▶ [What you will do] Repeat the lines of the data exactly and exclude any picture among them.

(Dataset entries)
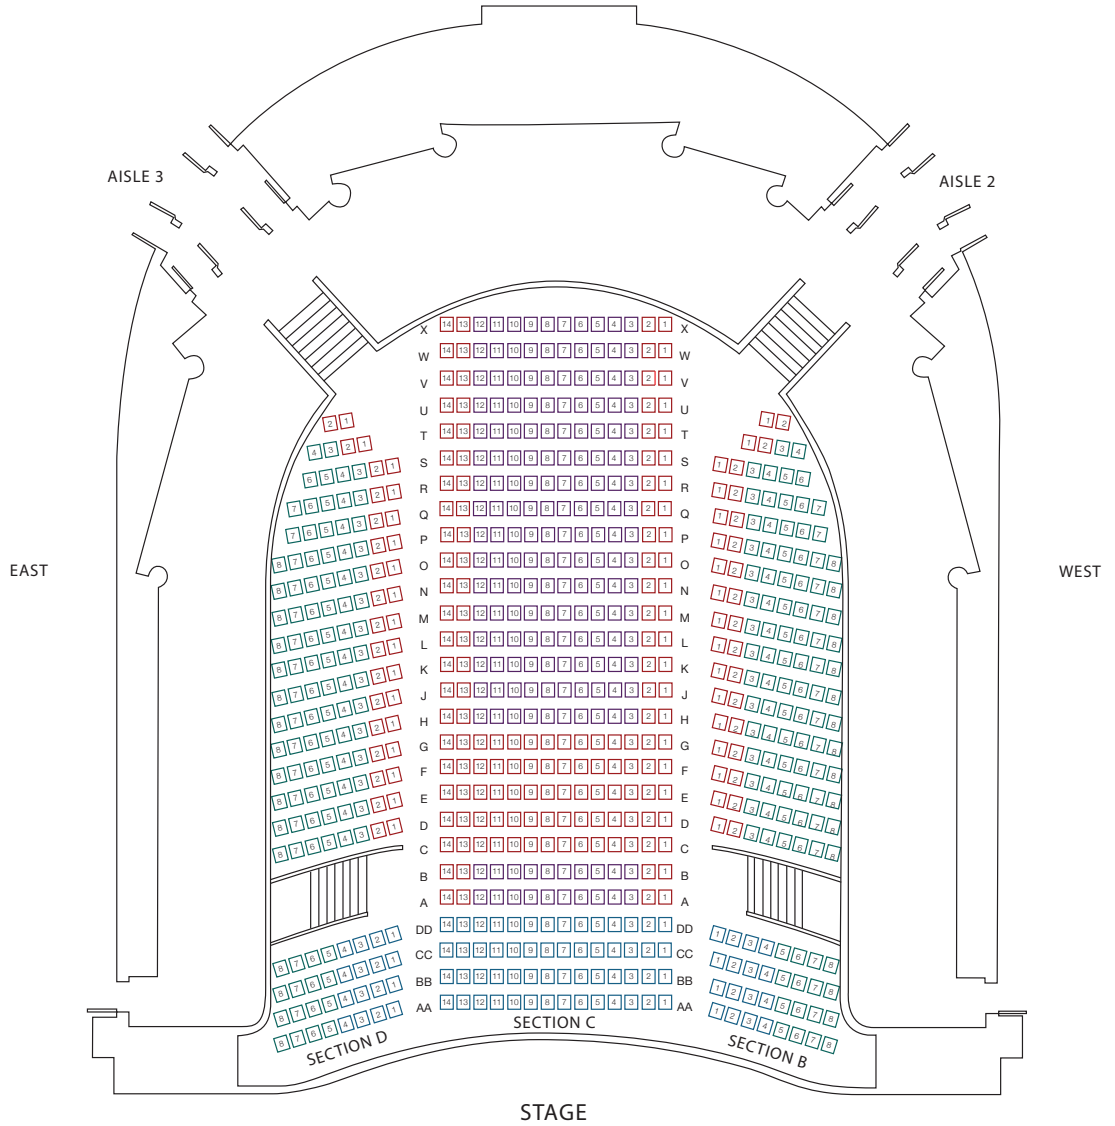

**POPS SEATING CHART**

Orchestra ..... 7  
Orchestra Terrace..... 8  
Loge..... 9  
Dress Circle, Dress Circle Box and Dress Circle Loft..... 10  
Grand Tier and Grand Tier Box..... 11

THE MORTON H. MEYERSON SYMPHONY CENTER  
**CLASSICAL ORCHESTRA SEATING**

THE MORTON H. MEYERSON SYMPHONY CENTER  
**CLASSICAL DRESS CIRCLE, DRESS CIRCLE BOX AND DRESS CIRCLE LOFT SEATING**

- LOGE (LIMITED AVAILABILITY)
- PRICE LEVEL A
- PRICE LEVEL B
- PRICE LEVEL C
- PRICE LEVEL D
- PRICE LEVEL E

THE MORTON H. MEYERSON SYMPHONY CENTER  
**CLASSICAL GRAND TIER SEATING**

THE MORTON H. MEYERSON SYMPHONY CENTER  
**POPS ORCHESTRA SEATING**

- LOGE
- PRICE LEVEL A
- PRICE LEVEL B
- PRICE LEVEL C
- PRICE LEVEL D
- PRICE LEVEL E

THE MORTON H. MEYERSON SYMPHONY CENTER  
**POPS ORCHESTRA TERRACE SEATING**

- LOGE
- PRICE LEVEL A
- PRICE LEVEL B
- PRICE LEVEL C
- PRICE LEVEL D
- PRICE LEVEL E ♿

THE MORTON H. MEYERSON SYMPHONY CENTER
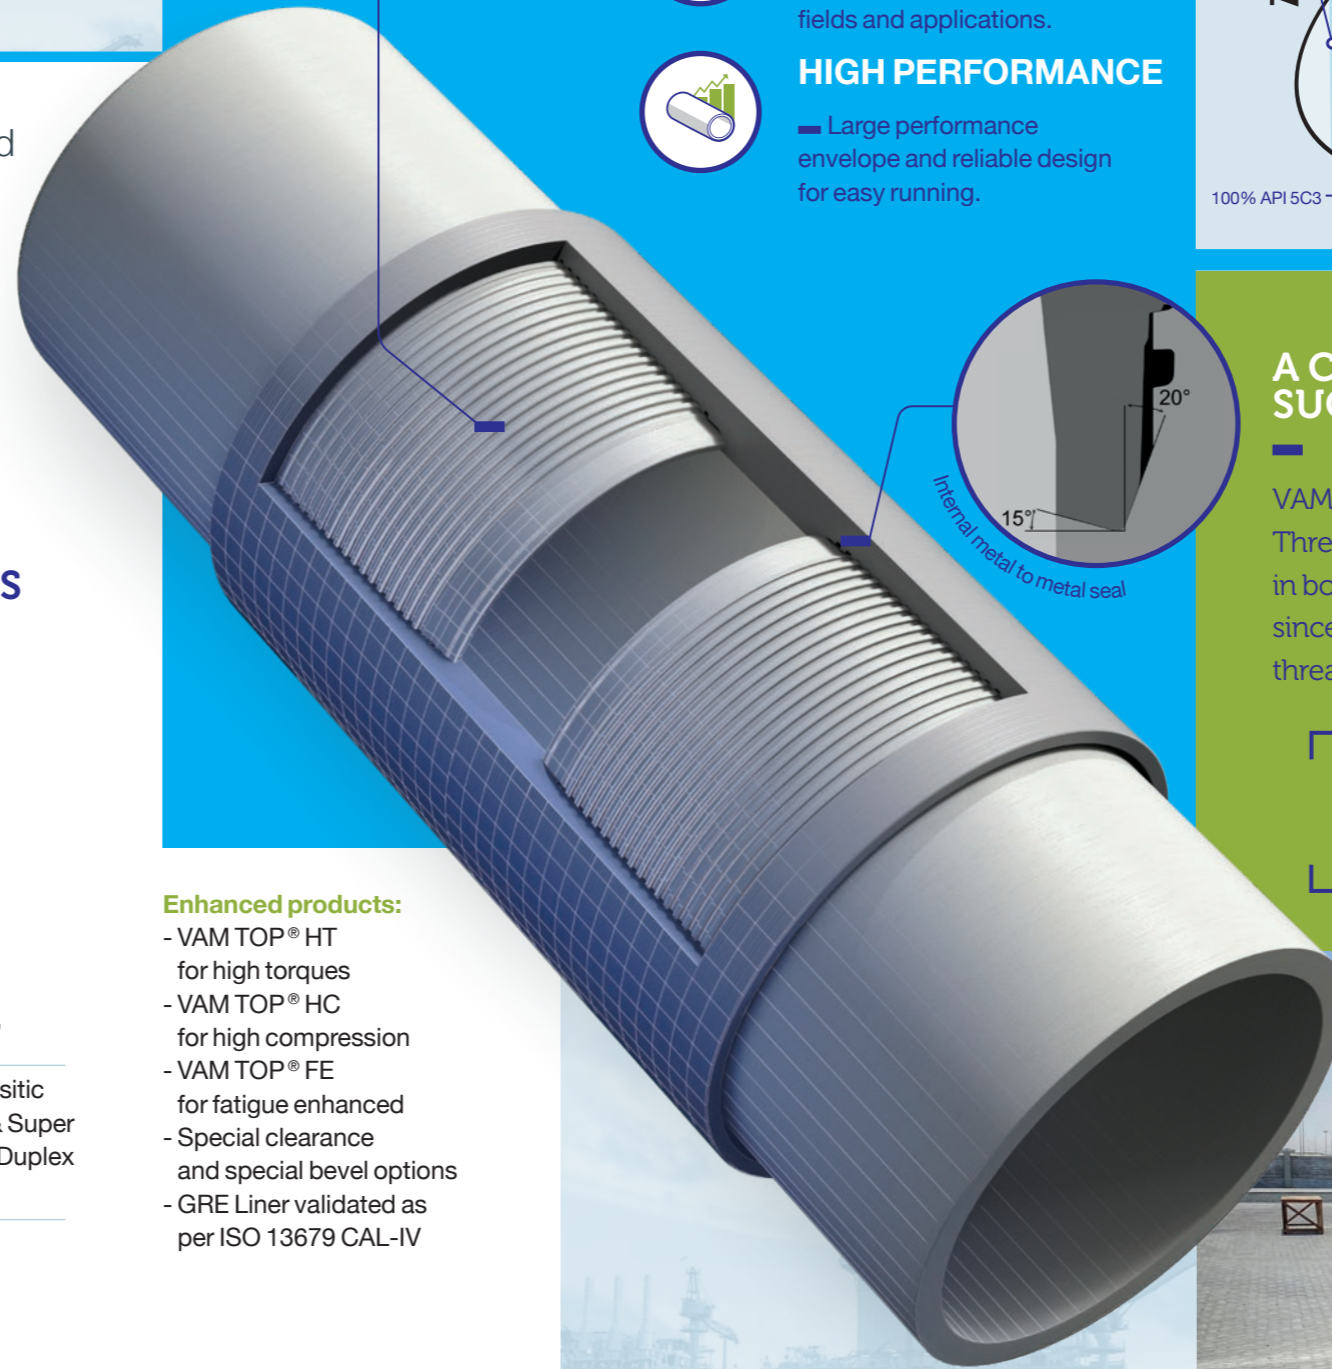

SUITABLE FOR ALL APPLICATIONS, EVEN THE MOST CRITICAL.

VAM TOP® is recognized as setting the standard in reliability and performance in threaded and coupled premium connections. With a track record of over 30 years, the connection minimizes the risks that result from the most severe combined loads making it a suitable solution for even the most critical applications.

PERFORMANCE

- In Tension, VAM TOP® is stronger than the pipe
- In Compression, rating up to 100% PBYS
- Excellent gas sealability
- Bending up to 30°/100 feet with sealability
- Extensive testing program according to the industry standards (including ISO 13679 CAL-IV)
- Field proven with numerous track records

APPLICATIONS

- Production casing
- Tubing
- Liner
- Tie-back
- HP/HT well designs

PRODUCT RANGE

Sizes: From 2 3/8" to 16"

Grades: Carbon, Martensitic stainless steel (13%CR & Super 13%CR), Duplex, Super Duplex and Nickel base Alloys

YS: 55 ksi to 140 ksi
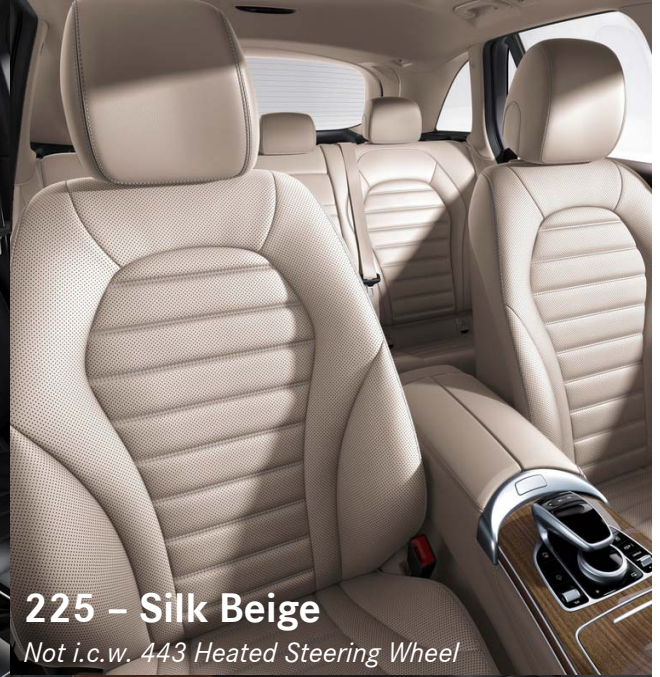

Not i.c.w. 443 Heated Steering Wheel
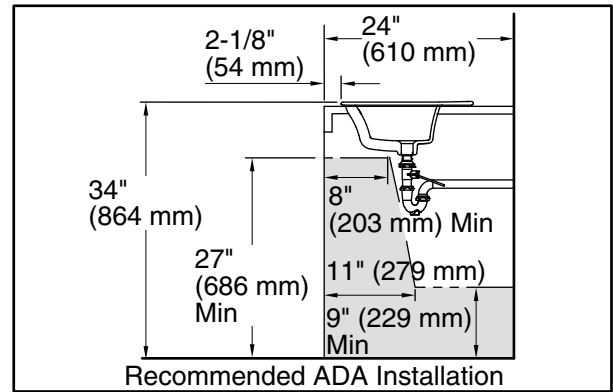

Bryant® Round

Drop-in Bathroom Sink

K-2714-1

Features

- Single faucet hole.
- Round basin.
- Overflow drain.

Material

- Vitreous china.

Installation

- Drop-in.

Recommended Products/Accessories

- K-7107 Decorative Drain
- K-7108 Decorative Drain
- K-7129 Drain
- K-9018 P-Trap

ADA CSA B651

Codes/Standards

ASME A112.19.2/CSA B45.1
ADA
ICC/ANSI A117.1
CSA B651

Technical Information

All product dimensions are nominal.

Bowl configuration:	Single
Installation:	Drop-in
Bowl area (Only):	Length: 12-1/2" (318 mm) Width: 16-5/16" (414 mm) Water depth: 4" (102 mm)
Faucet hole(s):	1-3/8" (35 mm)
Drain hole:	1-3/4" (44 mm)
Template:	1155260-7, required, included

Notes

Install this product according to the installation instructions.

Spout must be 5" (12.7 cm) long (min) for adequate clearance into the lavatory when installed with the centerline as shown.

NOTICE: Countertop manufacturer or cutter must use the cut-out template provided with the product, or a current one provided by Kohler Co. (call 1-800-4-KOHLER). Kohler Co. is not responsible for cutout errors when the incorrect cut-out template is used.

▶ [Answer below]
**POPS SEATING CHART**

Orchestra ..... 7  
Orchestra Terrace..... 8  
Loge..... 9  
Dress Circle, Dress Circle Box and Dress Circle Loft..... 10  
Grand Tier and Grand Tier Box..... 11

THE MORTON H. MEYERSON SYMPHONY CENTER  
**CLASSICAL ORCHESTRA SEATING**

THE MORTON H. MEYERSON SYMPHONY CENTER  
**CLASSICAL DRESS CIRCLE, DRESS CIRCLE BOX AND DRESS CIRCLE LOFT SEATING**

- LOGE (LIMITED AVAILABILITY)
- PRICE LEVEL A
- PRICE LEVEL B
- PRICE LEVEL C
- PRICE LEVEL D
- PRICE LEVEL E

THE MORTON H. MEYERSON SYMPHONY CENTER  
**CLASSICAL GRAND TIER SEATING**

THE MORTON H. MEYERSON SYMPHONY CENTER  
**POPS ORCHESTRA SEATING**

- LOGE
- PRICE LEVEL A
- PRICE LEVEL B
- PRICE LEVEL C
- PRICE LEVEL D
- PRICE LEVEL E

THE MORTON H. MEYERSON SYMPHONY CENTER  
**POPS ORCHESTRA TERRACE SEATING**

- LOGE
- PRICE LEVEL A
- PRICE LEVEL B
- PRICE LEVEL C
- PRICE LEVEL D
- PRICE LEVEL E ♿

THE MORTON H. MEYERSON SYMPHONY CENTER

SUITABLE FOR ALL APPLICATIONS, EVEN THE MOST CRITICAL.

VAM TOP® is recognized as setting the standard in reliability and performance in threaded and coupled premium connections. With a track record of over 30 years, the connection minimizes the risks that result from the most severe combined loads making it a suitable solution for even the most critical applications.

PERFORMANCE

- In Tension, VAM TOP® is stronger than the pipe
- In Compression, rating up to 100% PBYS
- Excellent gas sealability
- Bending up to 30°/100 feet with sealability
- Extensive testing program according to the industry standards (including ISO 13679 CAL-IV)
- Field proven with numerous track records

APPLICATIONS

- Production casing
- Tubing
- Liner
- Tie-back
- HP/HT well designs

PRODUCT RANGE

Sizes: From 2 3/8" to 16"

Grades: Carbon, Martensitic stainless steel (13%CR & Super 13%CR), Duplex, Super Duplex and Nickel base Alloys

YS: 55 ksi to 140 ksi

Not i.c.w. 443 Heated Steering Wheel

Bryant® Round

Drop-in Bathroom Sink

K-2714-1

Features

- Single faucet hole.
- Round basin.
- Overflow drain.

Material

- Vitreous china.

Installation

- Drop-in.

Recommended Products/Accessories

- K-7107 Decorative Drain
- K-7108 Decorative Drain
- K-7129 Drain
- K-9018 P-Trap

ADA CSA B651

Codes/Standards

ASME A112.19.2/CSA B45.1
ADA
ICC/ANSI A117.1
CSA B651

Technical Information

All product dimensions are nominal.

Bowl configuration:	Single
Installation:	Drop-in
Bowl area (Only):	Length: 12-1/2" (318 mm) Width: 16-5/16" (414 mm) Water depth: 4" (102 mm)
Faucet hole(s):	1-3/8" (35 mm)
Drain hole:	1-3/4" (44 mm)
Template:	1155260-7, required, included

Notes

Install this product according to the installation instructions.

Spout must be 5" (12.7 cm) long (min) for adequate clearance into the lavatory when installed with the centerline as shown.

NOTICE: Countertop manufacturer or cutter must use the cut-out template provided with the product, or a current one provided by Kohler Co. (call 1-800-4-KOHLER). Kohler Co. is not responsible for cutout errors when the incorrect cut-out template is used.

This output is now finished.